Trigger warning: this review discusses suicide.
What do crocodiles and lesbians have in common? Plenty of things, as I learned from Qiu Miaojin’s Notes of a Crocodile.
The novel, first published in Chinese in 1994, is a fragmented, broody, and often puzzling coming-of-age tale. The main story is told through journal entries by our narrator, a college student nicknamed Lazi.
In her first year of study, Lazi begins a turbulent relationship with a fellow student, Shui Ling. Although she knows her love for other women is innate, Lazi is filled with self-loathing: she sees her identity as a crime. As a result, she sabotages the relationship to avoid confronting intimacy.
Over the remainder of her college years, Lazi returns obsessively to her experience with Shui Ling, which she sees as her one great love – but only great because it ended before it could become really real. In the meantime, she forms other relationships – some romantic, some sexual, some platonic – with a variety of queer people.
Notes of a Crocodile isn’t a plot-heavy book. Rather, it’s about the introspective development of a character. Lazi is romantic but melancholic, self-absorbed but self-hating. She’s likeable, but she can also be a bit much!
Lazi’s main quest, as I see it, is to learn how to love. More specifically: how to love as a lesbian. With no societal script to guide her, it’s a messy process of trial and error. Her experiences are mirrored by her friends’ relationships, which can be seen as various models for how queer love can be. They’re a vibrant cast of characters, from a loud-and-proud bisexual gangster and his depressed journalist ex-boyfriend, to a try-hard overachiever and her slacker guitarist sweetheart. Getting to know them is one of my favourite parts of the book.
But don’t get me wrong: none of them any good at love either! Lazi has to learn from their bad examples. As she says towards the end, “On how to love well: instead of embracing a romantic ideal, you must confront the meaning of every great love that has shattered, shard by shard.”

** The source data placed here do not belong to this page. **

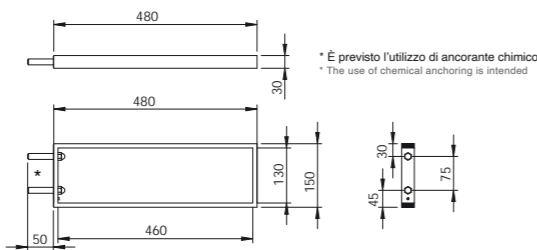

Coppia staffe obbligatorie per montaggio mensola sospesa
Mandatory pair of brackets for wall hung ceramic shelf installation

Coppia staffe portasciugamani strutturale e portante per una tenuta max di 150 kg.
Structural and load-bearing fixing bracket/towel holder for maximum hold 150 kg.

Obbligatorie/Obligatory	Bianco opaco, matt white	MIS STB	180,00
	Nero opaco, matt black	MIS STN	180,00
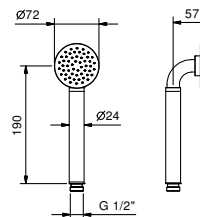

8938

Teleducha

- ICONA
- limitador de caudal 9 l/min
- sistema anticalcáreo
- válvula anti-retorno

Cromo	90 02 8938
Negro Opaco	90 13 8938
Polished Nickel PVD	90 95 8938
Matt Gun Metal PVD	90 P5 8938
Matt British Gold PVD	90 P6 8938
Matt Copper PVD	90 P9 8938
Deep Black PVD	90 S1 8938
Pure Brass PVD	90 Q7 8938
Raw Metal PVD	90 Q8 8938
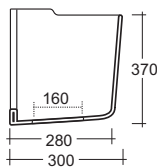

Art. SMCESE-001

Semicolonna Ese
Ese half pedestal
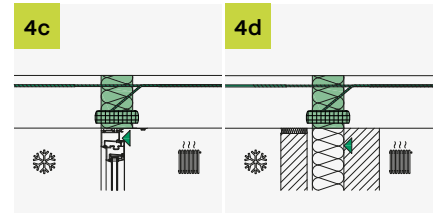

ISOPRO[®] 120

Einbauanleitung/Installation Instructions

ISOPRO[®] 120 M

Einbauanleitung/Installation Instructions

 T +49 7742 9215-300
 F +49 7742 9215-319
 technik-hbau@pohlcon.com

PohlCon GmbH
 Nobelstraße 51
 12057 Berlin
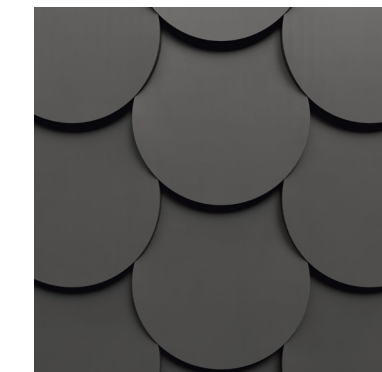

# SQUAMA

REV.  
SQ\_30  
PAV.  
950\_30

cores disponíveis  
available colours

SQ 27

SQ 28

SQ 29

SQ 30

SQ 27 N
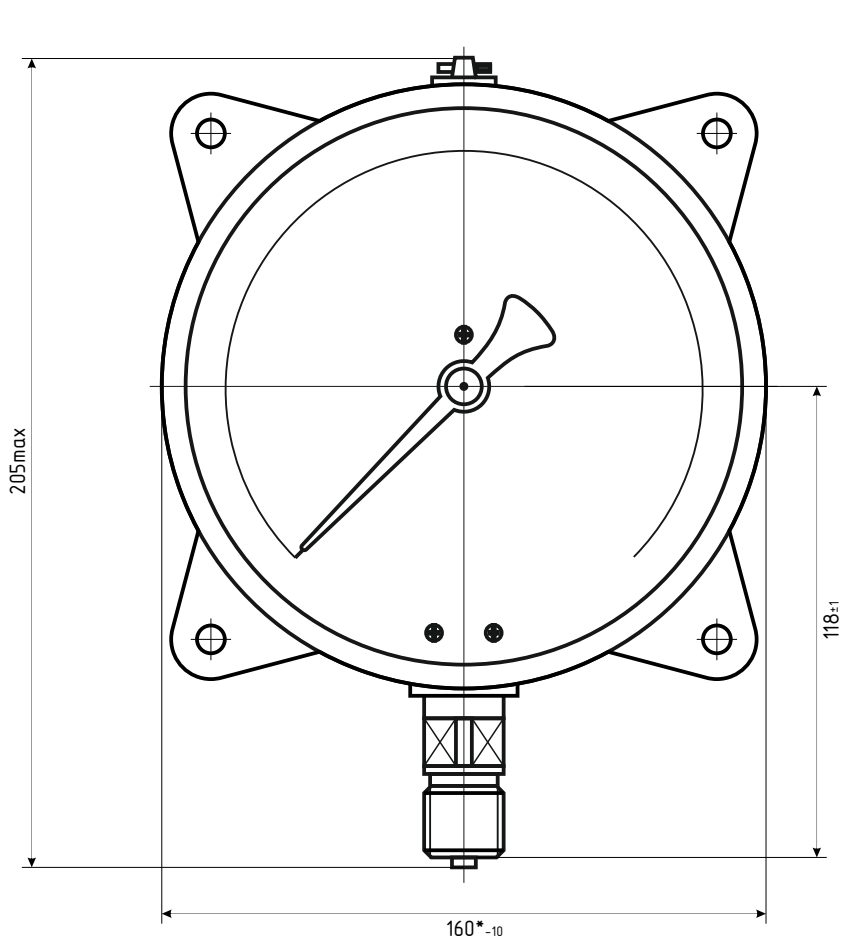

МП4-Уф БС IP54 УХЛ1 РШ

*-Номинальный диаметр корпуса

МП4-Уф БС IP54 УХЛ1 РШ Фл

*-Номинальный диаметр корпуса

And what about the crocodile? Well, it crops up in a series of satirical vignettes that break up Lazi’s narrative – which is much-needed, given how bleak her story can be.
The crocodile has lived its whole life wearing a human suit, trying to fit into a human-normative society. Despite its desperate longing to connect with its own kind, because all other crocodiles also wear human suits, the crocodile can’t be sure that it’s ever met another one for real. Does this sound like a familiar experience? It certainly resonated with my teenage memories!
While society hates and fears crocodiles, it’s also fascinated with them. During the course of the novel, Taiwan’s media is whipped up into a crocodile-frenzy, obsessed with finding out every detail of these outsiders who live among the normal populace. Headlines scream: “BREAKING NEWS: CREAM PUFFS ARE A CROCODILE FAVOURITE!” Should the crocodile feel flattered, or fetishised?
Oddly, although these crocodile sections are humorous, they were also the ones that touched me the most.
Around the time of the book’s first publication, lesbians were under a similar scrutiny in the Taiwanese media. That same year, a TV journalist secretly filmed patrons at a lesbian bar, resulting in many being outed without their consent. In a separate incident, two female students (who attended the same high school where Miaojin had once studied) committed a double-suicide, leading to media speculation that they had been in a lesbian relationship. Medical experts and psychologists were called to comment and analyse the girls’ motives. As Miaojin satirises, “various crocodile experts had begun to crop up” – all of them spouting contradictory pseudo-scientific nonsense.
From the outset, I was expecting this to be a sad book. I’ve read Miaojin’s other novel, Last Words from Montmartre, which is an extended suicide note. Miaojin herself committed suicide in 1995, at the age of 26. So I was unsurprised by how self-destructive the characters in Notes of a Crocodile are.
However, I was surprised by how defiant the book felt as well. Yes, Lazi is miserable, but she keeps on trying to build human connections, to find a love that will last. I didn’t come away feeling miserable. Or, at least, not too miserable. And I enjoyed its puzzles and parallels, the way you have to pick apart metaphors and pop culture references to understand what’s being said. I still don’t understand it completely – but that’s part of what makes me like it.